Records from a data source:
----
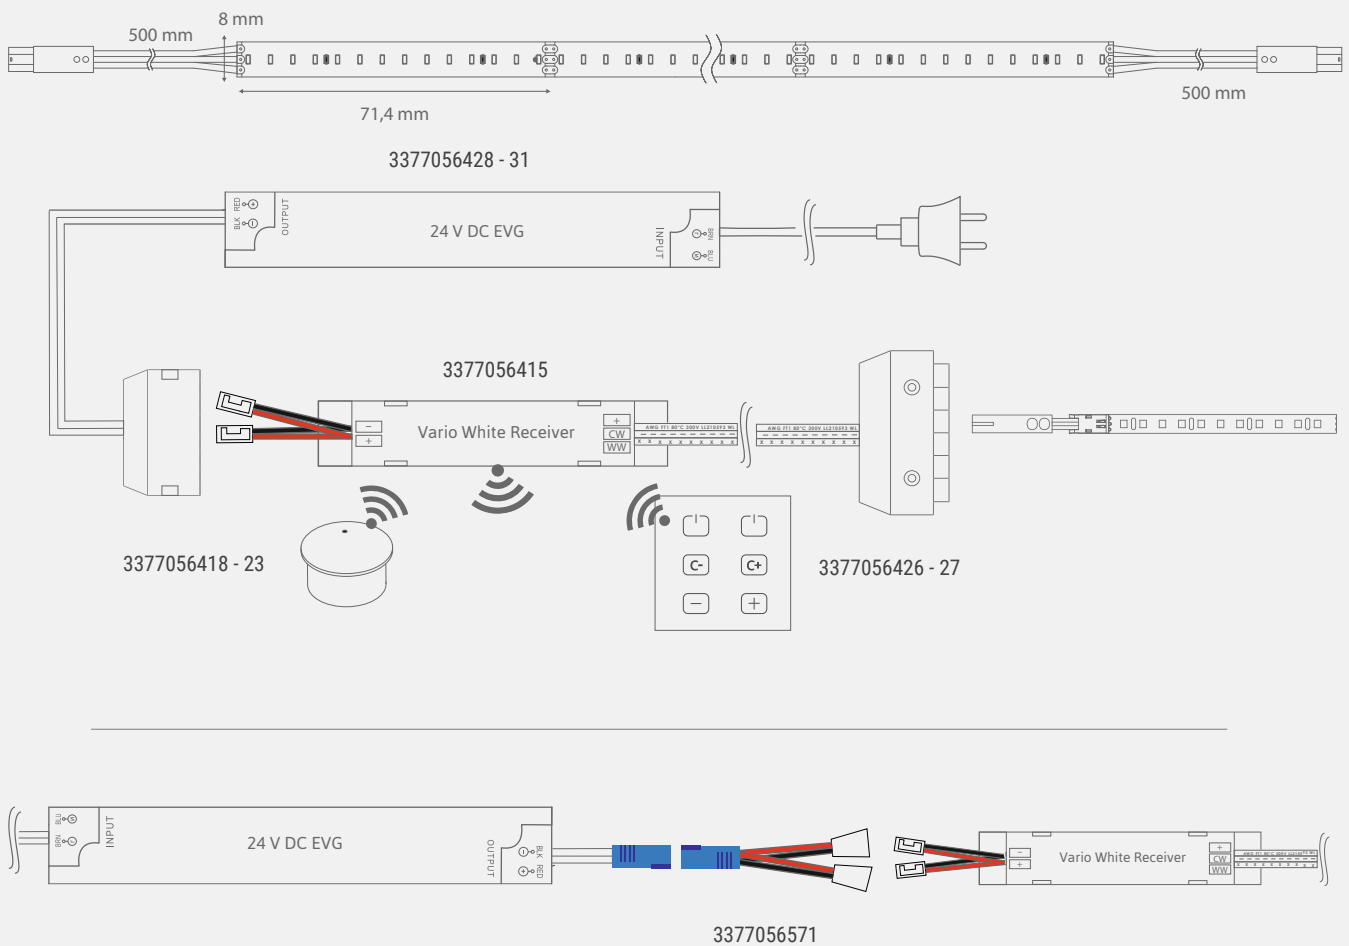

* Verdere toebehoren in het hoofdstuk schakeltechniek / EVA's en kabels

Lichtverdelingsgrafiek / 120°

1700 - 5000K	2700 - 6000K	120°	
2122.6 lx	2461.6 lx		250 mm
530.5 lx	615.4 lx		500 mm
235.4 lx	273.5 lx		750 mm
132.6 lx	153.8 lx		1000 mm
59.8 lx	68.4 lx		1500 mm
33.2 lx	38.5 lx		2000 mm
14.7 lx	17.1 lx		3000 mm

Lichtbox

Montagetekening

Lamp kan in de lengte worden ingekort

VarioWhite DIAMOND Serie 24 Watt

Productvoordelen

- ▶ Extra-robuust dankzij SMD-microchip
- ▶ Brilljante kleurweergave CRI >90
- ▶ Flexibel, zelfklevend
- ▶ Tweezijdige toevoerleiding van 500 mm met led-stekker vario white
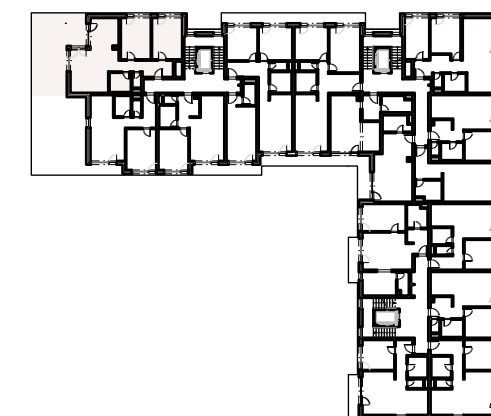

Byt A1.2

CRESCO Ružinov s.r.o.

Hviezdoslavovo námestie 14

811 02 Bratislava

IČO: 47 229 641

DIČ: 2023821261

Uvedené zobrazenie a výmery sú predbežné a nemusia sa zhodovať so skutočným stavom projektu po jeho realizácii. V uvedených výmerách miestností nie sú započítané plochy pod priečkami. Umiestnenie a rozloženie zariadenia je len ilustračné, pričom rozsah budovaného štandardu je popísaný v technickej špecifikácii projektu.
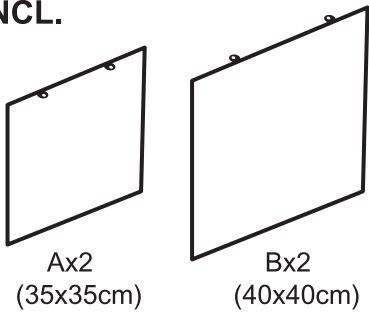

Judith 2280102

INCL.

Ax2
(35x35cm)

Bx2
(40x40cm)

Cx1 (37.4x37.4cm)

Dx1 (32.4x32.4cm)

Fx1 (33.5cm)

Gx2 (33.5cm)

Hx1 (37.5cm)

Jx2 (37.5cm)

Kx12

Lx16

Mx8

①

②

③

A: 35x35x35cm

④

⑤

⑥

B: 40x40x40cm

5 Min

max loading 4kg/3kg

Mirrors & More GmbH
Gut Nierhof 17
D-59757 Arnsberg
----
Give back, unchanged, every line from the one with "Mirrors & More GmbH" to the end of the entries above.

Mirrors & More GmbH
Gut Nierhof 17
D-59757 Arnsberg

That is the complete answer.